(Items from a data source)
---+---

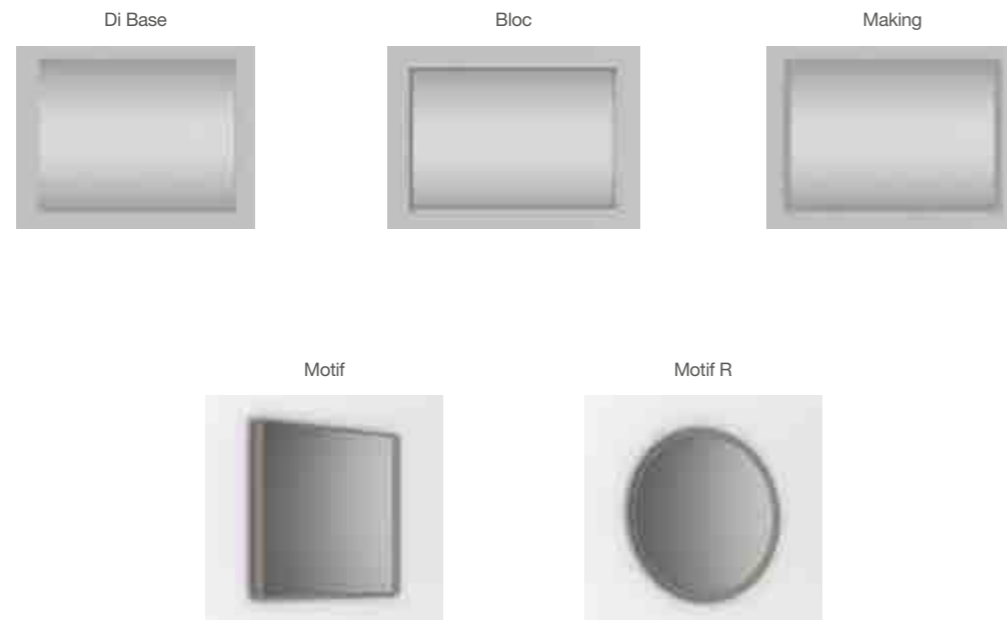

SPIEGELS ZONDER VERLICHTING

SPIEGELKASTEN

OPBOUWVERLICHTING

Asta: geldig voor modellen Mitter en Motif. Eklipse: geldig voor model Tondo.
Arhi: aanbevolen voor spiegels met paneel en spiegelkasten.

SPIEGELS MET ACHTERGRONDVERLICHTING

---+---

▶ EXERCISE
The records above are to be copied exactly, with no pictures carried over.

▶ EXERCISE RESPONSE
SPIEGELS ZONDER VERLICHTING

SPIEGELKASTEN

OPBOUWVERLICHTING

Asta: geldig voor modellen Mitter en Motif. Eklipse: geldig voor model Tondo.
Arhi: aanbevolen voor spiegels met paneel en spiegelkasten.

SPIEGELS MET ACHTERGRONDVERLICHTING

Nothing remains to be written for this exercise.